## Task description
Where does "дюймы" appear in the data? Return each line that holds it.

START Stored data

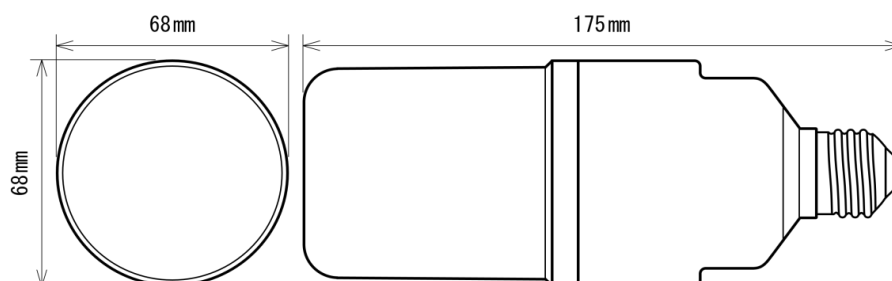

製品画像 1

製品仕様

製品名称	LEDミニコーンライト(密閉器具対応)
製品型番	MT-BCT30-E26-W/N
消費電力	30W
入力電圧	AC100~240V
周波数	50/60 Hz
全光束	4500lm
色温度	昼白色
演色性	Ra75
照射角	360°
光源寿命	50000h ※1
電源	内蔵
保護等級	IP65
使用温度範囲	-20°C ~ +40°C
口金	E26
外形寸法	W68×H68×L175mm
重量	400g
材質	アルミニウム+ポリカーボネート樹脂

製品寸法図

備考欄

※1 表示は、LEDチップの設計寿命であり、製品の寿命を保証するものではありません。

※2 水銀灯135Wに相当

※3 調光不可、保証期間3年
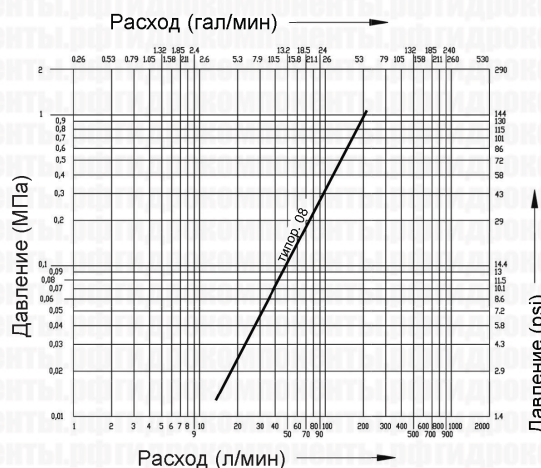

SV

Стандартные быстроразъемные соединения типа "мама" с предохранительной втулкой, тарельчатый отсечной клапан

Стандартные быстроразъемные соединения типа "мама" аналогичны серии NV, однако отличаются дополнительной предохранительной втулкой, предотвращающей случайное отсоединение. Отсечной клапан тарельчатого типа. Взаимозаменяемость по ISO 7241 Часть А.

Области применения

Технические характеристики

| Типо-размер | Размер | | Рабочее давление (МПа) | Пропускная способность (л/мин) | Утечки, мл | Усилие для соединения, Н | Давление разрушения (МПа) | | |
|-------------|--------|-------|------------------------|--------------------------------|------------|--------------------------|---------------------------|------------|-----------------|
| | мм | дюймы | | | | | Тип "папа" | Тип "мама" | Тип "папа+мама" |
| 08 | 12,5 | 1/2" | 30 | 75 | 1,8 | 80 | | | 130 |

| | |
|--------------------------|---------------------|
| Материал | Сталь |
| Уплотнения | NBR |
| Рабочая температура | -25...+125 °C |
| Покрытие | MATE 500 (CrIII) |
| Взаимозаменяемость | ISO 7241-A |
| Тип отсечного клапана | Тарельчатый |
| Соединение | Оттягиванием втулки |
| Отсоединение | Оттягиванием втулки |
| Соединение под давлением | Не допускается |

График перепада давления

SV

| Размеры | | Резьба | | | Ответная часть "мама" | | | | | | |
|---------|------|--------|------------|----------------------|-----------------------|-----------------|-------|----|-------|------------|-------|
| дюймы | мм | Тип | Стандарт | Типоразмер | Артикул | L (L1 + Резьба) | | D1 | | ШЕСТИГР. 1 | |
| | | | | | | мм | дюймы | мм | дюймы | мм | дюймы |
| 1/2" | 12,5 | F BSPP | ISO 1179-1 | BSPP 1/2, внутренняя | SV 12 GAS F | 66 | 2,6 | 38 | 1,5 | 27 | 1,06 |
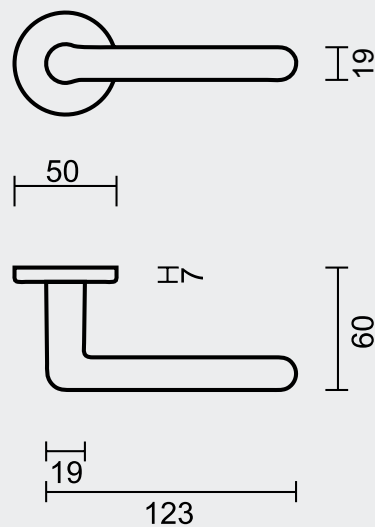

- DEURKRUUK **PRO 2040 KOPER R+NO KEY**
- BEQUILLE **PRO 2040 LAITON R+NO KEY**
- ART. **6.064.043**
  (per paar/par paire)

€ 43,70*

- DEURKRUUK **PRO 2040 KOPER R+E**
- BEQUILLE **PRO 2040 LAITON R+E**
- ART. **6.064.040**
  (per paar/par paire)

€ 46,00*

- DEURKRUUK **PRO 2040 KOPER R+E CYL**
- BEQUILLE **PRO 2040 LAITON R+E CYL**
- ART. **6.064.041**
  (per paar/par paire)

€ 46,00*

- DEURKRUUK **PRO 2040 KOPER R+WC**
- BEQUILLE **PRO 2040 LAITON R+WC**
- ART. **6.064.042**
  (per paar/par paire)

€ 70,30*

ART. **1.023.042**
€ 28,00/SET*

ART. **1.008.041**
€ 4,40/STUK-PIÈCE*

ART. **1.008.040**
€ 4,40/STUK-PIÈCE*

P. 92
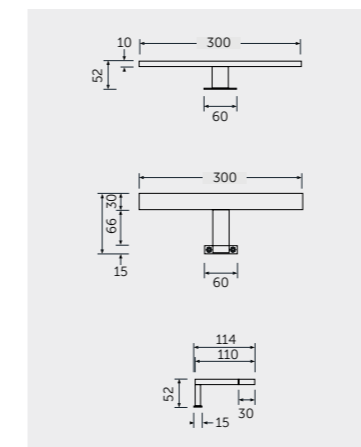

LIGHTS | Luci | Lumières | wandhängend | Подсветка

TOP MOUNTED T-BAR LIGHT
Luce "a T" montabile in alto
Spot en t-bar montée sur le dessus
T-bar Aufsatzlicht
T-образная подсветка с верхним креплением

ABS: JOYTB6000CR1
Cool White 6000K
450 Lumens
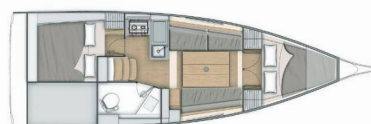

OCEANIS 30.1

Tempus II

Plachetnice Oceanis 30.1 „Tempus II“, postaveno v roce 2021, je kotveno v Port Olímpic de Barcelona, - Španělsko . Jachta má 2 kajuty, může ubytovat 4 osob a má 1 toalet/sprch.

SPECIFIKACE JACHTY

Rok Výroby

2021

Délka

9.53 m

Kajuty

2

Lůžka

4
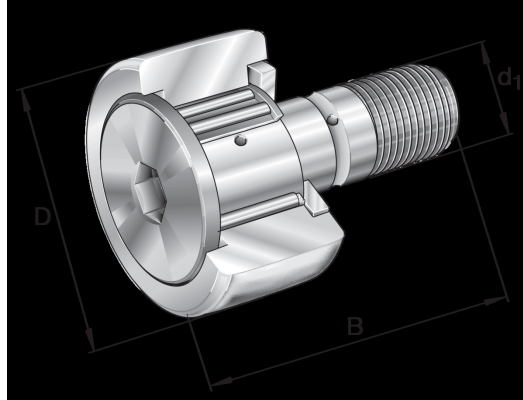

KR40-X-B INA

SKU: 60166353

Specificaties

designation	KR40-X-B
Boring diameter (mm)	40
Buitendiameter (mm)	18
Breedte (mm)	58
Gewicht (kg)	0.24222
Omschrijving (EN)	Yoke type track roller KR..-B, with cage, with axial guidance, no eccentric
EAN-code	4012802453546
Merk	INA
Boring diameter (mm)	40
Buitendiameter (mm)	18
Breedte (mm)	58
Gewicht (kg)	0.24222

Beschrijving

KR40-X-B INA

Product URL

<https://aandrijftechniek.nl/product/kr40-x-b-ina-2/>

END Stored data

## Result
| | мм | дюймы | | | | | Тип "папа" | Тип "мама" | Тип "папа+мама" |
| дюймы | мм | Тип | Стандарт | Типоразмер | Артикул | L (L1 + Резьба) | | D1 | | ШЕСТИГР. 1 | |
| | | | | | | мм | дюймы | мм | дюймы | мм | дюймы |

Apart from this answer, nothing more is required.